» Task to carry out
Nothing but the pictures should be dropped when the records are transcribed word for word.

» The data
- - -

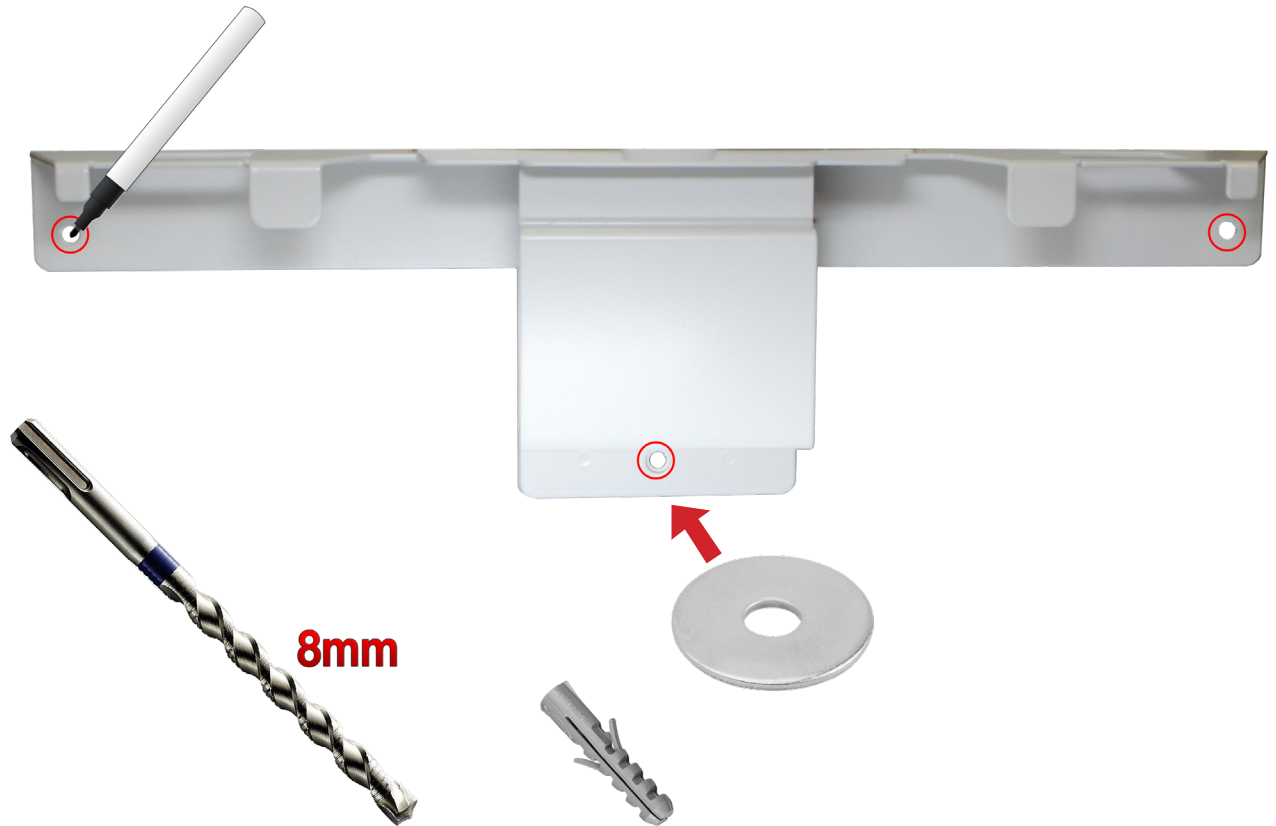

WANDHALTERUNG

Suitcase holder | Titolare bagagli | Porte-bagages | Portaequipajes

Art.-Nr: 44901-4xx

Bitte überprüfen sie, ob die beigelegten Universaldübel für ihren Wandaufbau geeignet sind.

Halter so montieren, dass der Koffer in der Waage hängt.

Koffer nur komplett entleert aufhängen. Sie können den Koffer wie gewohnt abschließen.

Please check whether the enclosed universal dowels are suitable for wall mounting.

Mount the holder so that the case hangs in the balance.

Suspend the case only completely emptied. You can lock the case as usual.

- - -

» Result below
WANDHALTERUNG

Suitcase holder | Titolare bagagli | Porte-bagages | Portaequipajes

Art.-Nr: 44901-4xx

Bitte überprüfen sie, ob die beigelegten Universaldübel für ihren Wandaufbau geeignet sind.

Halter so montieren, dass der Koffer in der Waage hängt.

Koffer nur komplett entleert aufhängen. Sie können den Koffer wie gewohnt abschließen.

Please check whether the enclosed universal dowels are suitable for wall mounting.

Mount the holder so that the case hangs in the balance.

Suspend the case only completely emptied. You can lock the case as usual.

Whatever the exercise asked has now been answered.